United Kingdom – The Telegraph reported: Two Muslim converts have been arrested in East London on suspicion of plotting an attack against the London 2012 Olympic Games canoeing venue. Sources told The Daily Telegraph that the arrests were based on a tip-off after men were seen behaving suspiciously close to the venue in Waltham Abbey, Hertfordshire on Monday. Hertfordshire police officers began combing the banks after three men were seen in a dinghy on the River Lea. The two men, aged 18 and 32, were arrested at separate residential addresses in east London, by officers from the Metropolitan Police Counter-Terrorism Command, at 7am on Thursday. They were detained under the Terrorism Act 2000 on suspicion of the commission, preparation or instigation of acts of terrorism and held at a central London police station. Officers were last night searching two addresses in East London. A friend of the arrested men named the 18-year-old as Jamal ud-Din and said the older man was someone he knew only as “Zakariya.”

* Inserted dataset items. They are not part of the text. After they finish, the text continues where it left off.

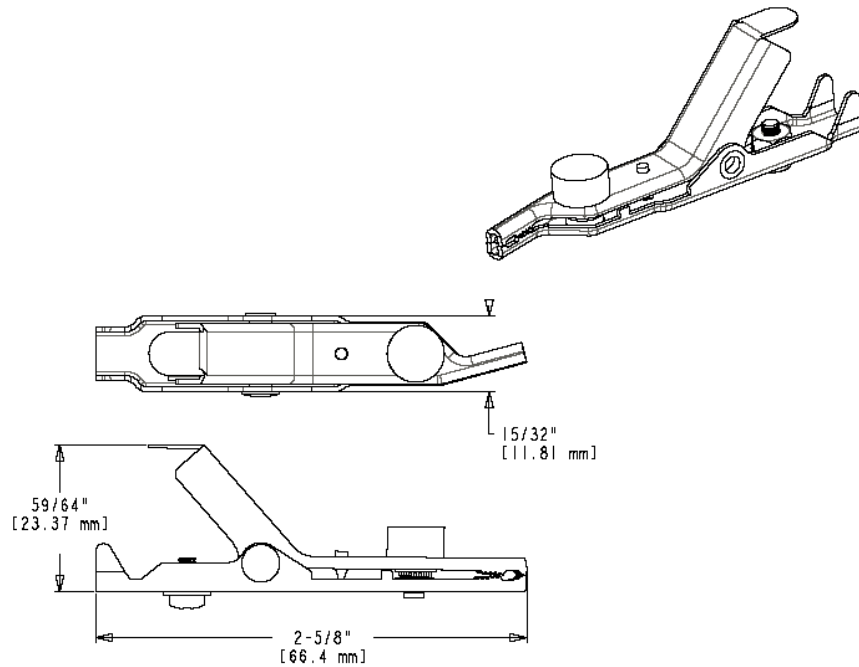

Part Number: JP-8783-***
Description: Large Angled Nose Telecom Clip with Ben of Nails and Single Spike
3107

- Large Angled Nose Telecom Clip with Ben of Nails and Single Spike
- Mueller — J.S. Popper brand
- Jaw opens 1.0" (25.4 mm)
- Uses single spike and bed of nails to pierce insulation
- Material: nickel-silver jaws; includes brass screw, brass nut, brass washer, and bronze star washer
- Length: 2.61" (66.4 mm)
- Connection Options: -N Without Hardware, -L With Loose Hardware, -J Banana Jack, -TJ Threaded Banana Jack
- RoHS Compliant

Japan – ABC NEWS reported: Japan and South Korea on Friday agreed to share intelligence in their first joint military pact since World War II. The agreement is seen as a breakthrough in ties between two neighbors with a difficult history. Japan ruled Korea as a colony for several decades until the end of World War II in 1945, and Seoul has often been wary of Japan’s postwar military development, but the nations have many shared concerns, particularly North Korea and China. The pact establishes a framework for sharing intelligence in such areas as missile defense, North Korea’s nuclear weapons program, Chinese military operations and other regional security matters. It was previously approved by South Korea, and Japan’s Cabinet gave its final approval Friday ahead of a formal signing ceremony.
29 June 2012
Geneva -Syria – The Associated Press reported: An international conference on Saturday accepted a U.N.-brokered peace plan that calls for the creation of a transitional government in Syria, but at Russia’s insistence the compromise agreement left the door open to Syria’s president being part of it. The U.S. backed away from insisting that the plan should explicitly call for President Bashar Assad to have no role in a new Syrian government, hoping the concession would encourage Russia to put greater pressure on its longtime ally to end the violent crackdown that the opposition says has claimed more than 14,000 lives. But even with Russia’s most explicit statement of support yet for a political transition in Syria, it is far from certain that the plan will have any real effect in curbing the violence. A key phrase in the agreement requires that the transitional governing body “shall be formed on the basis of mutual consent,” effectively giving the present government and the opposition veto power over each other.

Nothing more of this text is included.